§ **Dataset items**
============

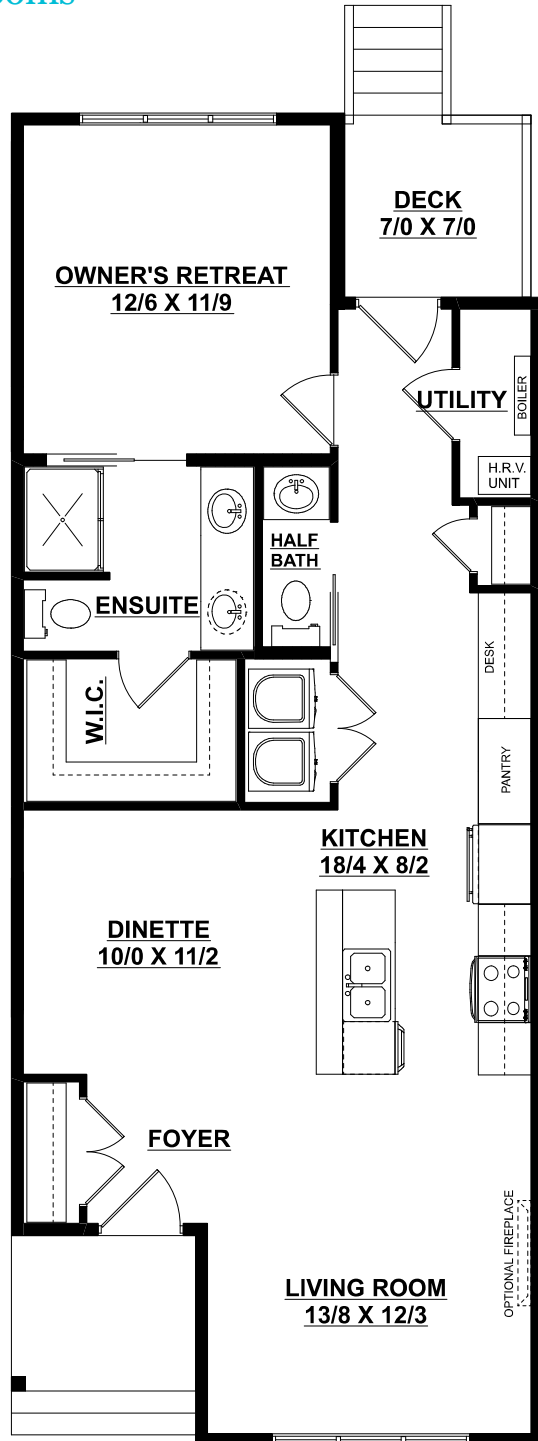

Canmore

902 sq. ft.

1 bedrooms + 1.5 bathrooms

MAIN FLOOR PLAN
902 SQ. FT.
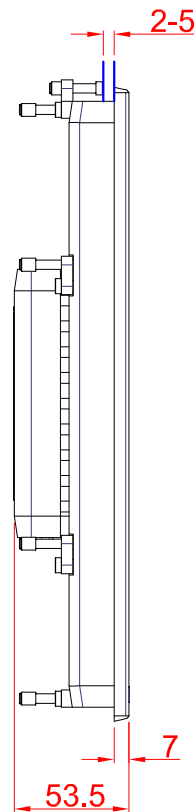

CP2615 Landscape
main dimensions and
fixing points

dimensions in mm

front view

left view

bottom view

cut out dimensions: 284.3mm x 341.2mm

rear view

============

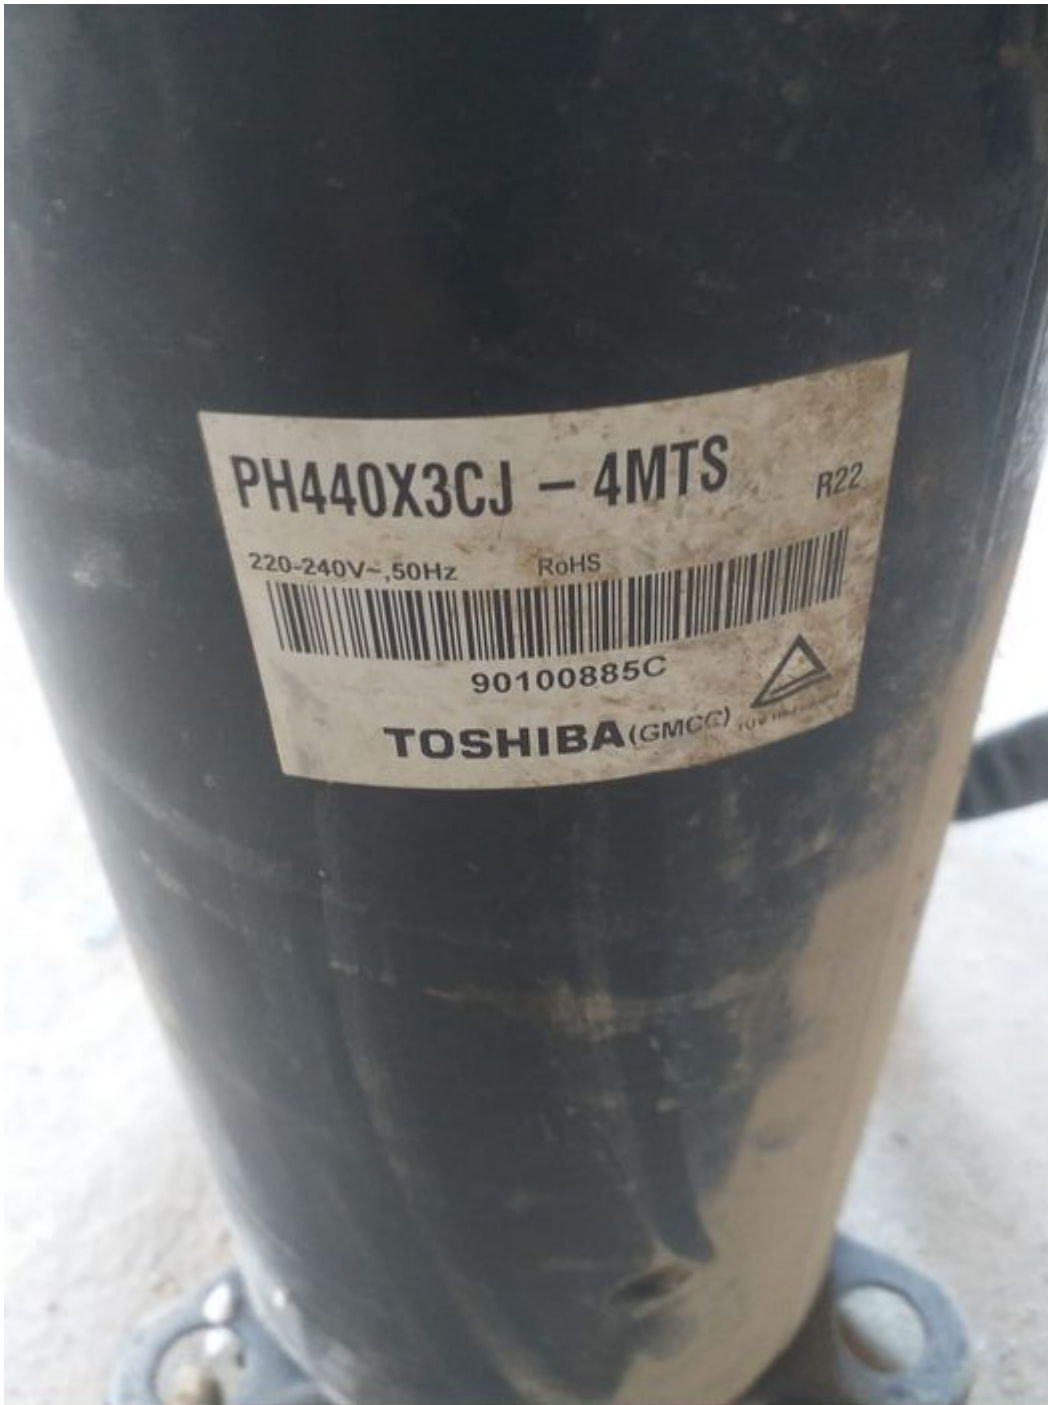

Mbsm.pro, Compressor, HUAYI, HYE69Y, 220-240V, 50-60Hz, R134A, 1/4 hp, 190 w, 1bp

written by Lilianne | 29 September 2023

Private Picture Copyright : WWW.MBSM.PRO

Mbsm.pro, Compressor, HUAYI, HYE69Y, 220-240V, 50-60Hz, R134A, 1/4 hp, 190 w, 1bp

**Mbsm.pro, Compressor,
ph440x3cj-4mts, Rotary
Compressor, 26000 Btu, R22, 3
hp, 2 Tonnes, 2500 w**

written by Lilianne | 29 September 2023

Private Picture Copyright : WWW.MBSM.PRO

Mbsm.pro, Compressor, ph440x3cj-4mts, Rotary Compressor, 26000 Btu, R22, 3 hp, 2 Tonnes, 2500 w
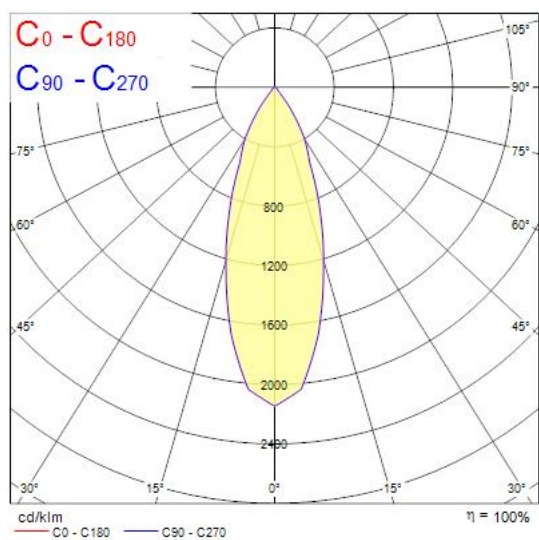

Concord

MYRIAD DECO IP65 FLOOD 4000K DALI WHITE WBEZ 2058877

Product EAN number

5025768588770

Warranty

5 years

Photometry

============

§ **TASK**
Copy all lines of the records that have the string "dimensions" in them.

§ **OUTPUT OF THE EXERCISE**
main dimensions and
dimensions in mm
cut out dimensions: 284.3mm x 341.2mm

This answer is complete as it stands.